Dunstan is a census-designated place (CDP) in the town of Scarborough, Cumberland County, Maine, United States. Also known as West Scarborough, the community is in the southwest part of the town, along U.S. Route 1. Maine State Route 9 runs northward from Dunstan with US 1 towards Portland but leads southeastward out of the community as Pine Point Road, towards Old Orchard Beach. Interstate 95 (the Maine Turnpike) forms the northwestern edge of the CDP, and the York County line is the southwestern border, with the city of Saco directly adjacent to Dunstan. The northeast edge of the CDP is the Dunstan River, an arm of the tidal Scarborough River.

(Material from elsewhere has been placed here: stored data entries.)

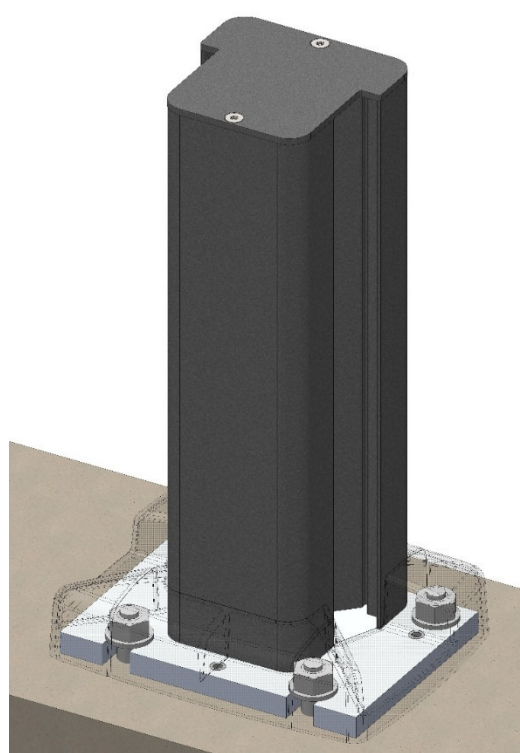

Le configurateur propose uniquement la **platine standard** pour mur supérieur à 160 mm, pour les autres cas veuillez vous rendre dans la rubrique articles au détail et modifier votre panier avec le modèle adapté à votre réalisation.

Platine standard

CLOTURE < 1800 MM

MURET > 160 MM

HAUTEUR CLOTURE < 1200 MM

MURET > 100 MM

CLOTURE < 1800 MM

MURET > 100 MM

CLOTURE < 1800 MM

MURET > 80 MM
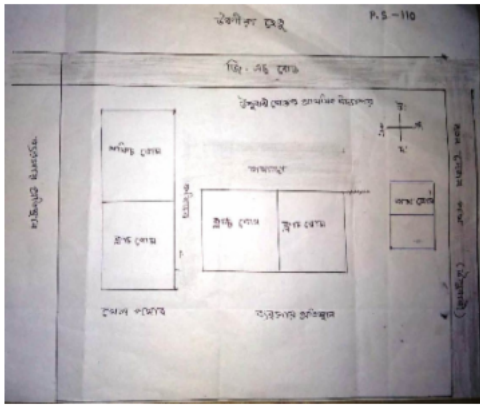

Nazri Naksha
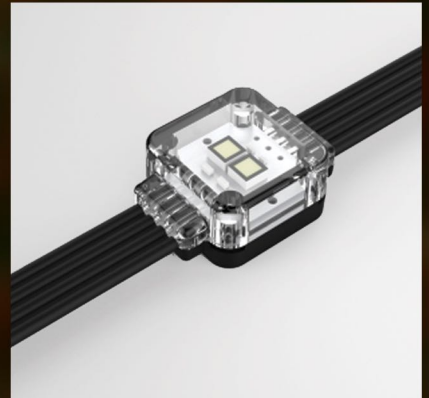

LED Point Series

Görüntüleme Mesafesi: piksel mesafesine ve ekran boyutunuza göre 15-300m
Gri Scala: Reommend 4096 seviyesi (2bit ila 16bit arasında ayarlanabilir yazılım)
Kontrol Modu: Video frekansı Synchronic kontrolü
Sinyal Arabirimi: DVI (S-Video, CVBS, VGA, PLA / NTSC, vb. Bir video dönüştürücü.
Görüntülü Reklamcılık: Renkli değişim. Metin, Animasyon, Grafik, Video vb.

*Viewing Distance: 15-300m based on the pixel distance and your screen size
Gray Scala: Reommend 4096 level (software adjustable from 2bit to 16bit)
Control Mode: Video frequency Synchronic control
Signal Interface: DVI (S-Video, CVBS, VGA, PLA/NTSC, etc. A video converter.
Display Media: Colorful changing. Text, Animation, Graphic, Video, etc.*
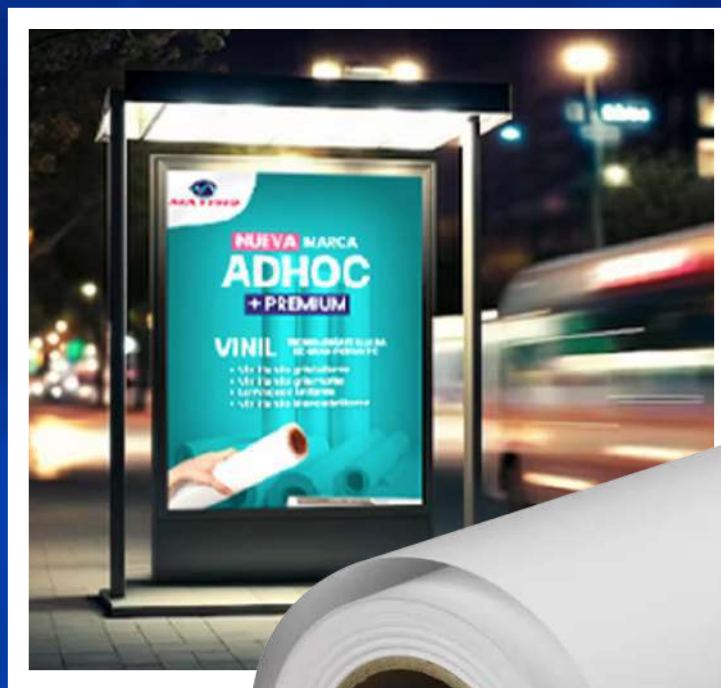

Medidas 15 onz

3.20*50 mts

1.60*50 mts

2.50*50 mts

Medidas 18 onz

3.20*50 mts

1.60*50 mts

Vinil brillante y mate fondo gris, fondo blanco y laminador
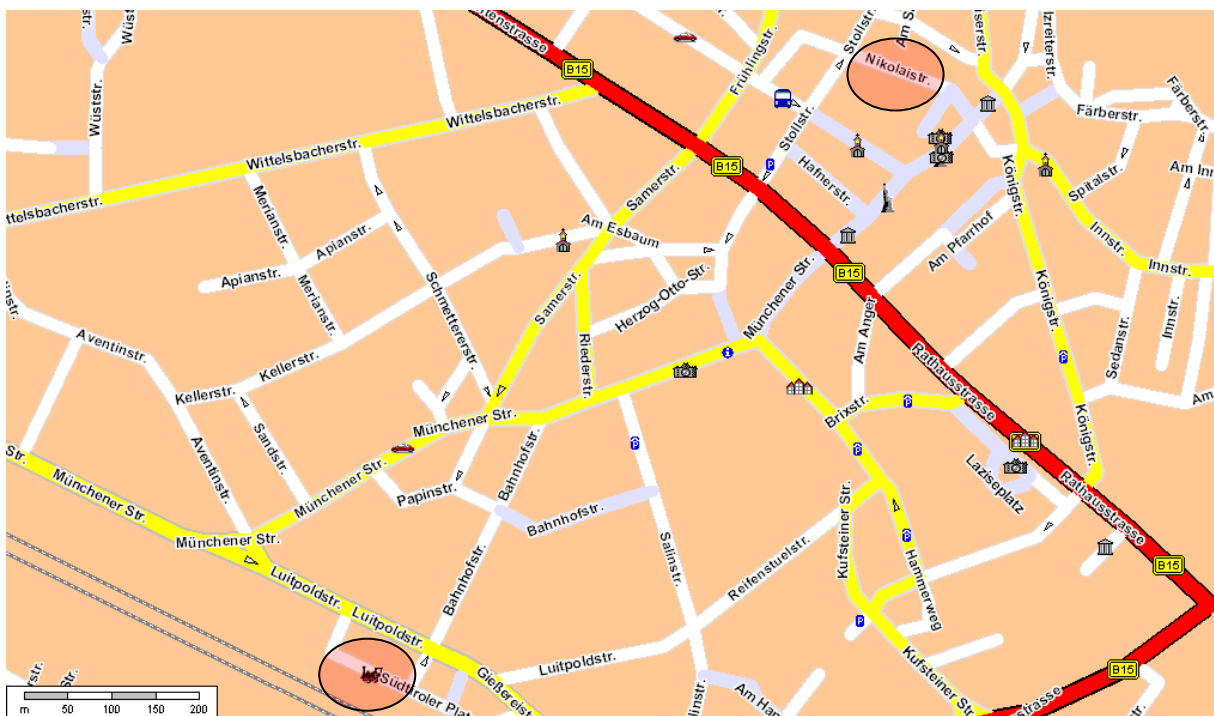

Akademie der Heilkunst - Anfahrt Praxis Rosenheim

Mit der Bahn kommend

Veranstaltungsort: Praxis 2.OG, Nikolaistraße 13, 83022 Rosenheim

Vom Bahnhof zu Fuß kommend: (1km, 12 – 15 Gehminuten)

- Mit dem Bahnhof im Rücken gehen Sie gerade aus in die **Bahnhofstraße**,
- der folgen Sie, halbrechts in die **Münchenerstraße**, vorbei an Karstadt bis Sie die Rathausstraße überqueren, geradeausweiter in den **Max-Josefs-Platz**.
- Links entlang, ganz hinten links an der Marienapotheke vorbei, nach ca. 50 m links in die **Nikolaistraße**.
- Die Hausnummer 13 ist auf der linken Seite. (Jägerstüberl). Praxismgemeinschaft im zweiten Stock.

As of the 2020 census, Dunstan had a population of 2,083.

Dunstan was first listed as a CDP prior to the 2020 census.

==Demographics==

Historical population
| Census | Pop. | Note | %± |
| 2020 | 2,083 |  | — |
U.S. Decennial Census

===2020 census===
As of the 2020 census, Dunstan had a population of 2,083. The median age was 46.9 years. 19.4% of residents were under the age of 18 and 19.9% of residents were 65 years of age or older. For every 100 females there were 101.5 males, and for every 100 females age 18 and over there were 100.5 males age 18 and over.

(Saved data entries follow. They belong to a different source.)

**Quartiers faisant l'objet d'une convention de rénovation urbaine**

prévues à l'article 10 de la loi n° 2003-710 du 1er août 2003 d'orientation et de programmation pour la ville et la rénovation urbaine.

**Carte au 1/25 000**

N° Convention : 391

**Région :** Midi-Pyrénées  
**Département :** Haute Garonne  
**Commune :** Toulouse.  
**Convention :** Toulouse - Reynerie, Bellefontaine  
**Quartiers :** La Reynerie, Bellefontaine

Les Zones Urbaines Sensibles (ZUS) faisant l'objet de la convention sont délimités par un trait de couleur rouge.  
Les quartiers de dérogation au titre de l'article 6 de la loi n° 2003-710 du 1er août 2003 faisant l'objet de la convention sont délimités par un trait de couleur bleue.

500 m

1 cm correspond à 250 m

83.0% of residents lived in urban areas, while 17.0% lived in rural areas.

There were 885 households in Dunstan, of which 30.5% had children under the age of 18 living in them. Of all households, 51.0% were married-couple households, 13.1% were households with a male householder and no spouse or partner present, and 28.2% were households with a female householder and no spouse or partner present. About 29.0% of all households were made up of individuals and 11.8% had someone living alone who was 65 years of age or older.

There were 924 housing units, of which 4.2% were vacant. The homeowner vacancy rate was 0.7% and the rental vacancy rate was 2.5%.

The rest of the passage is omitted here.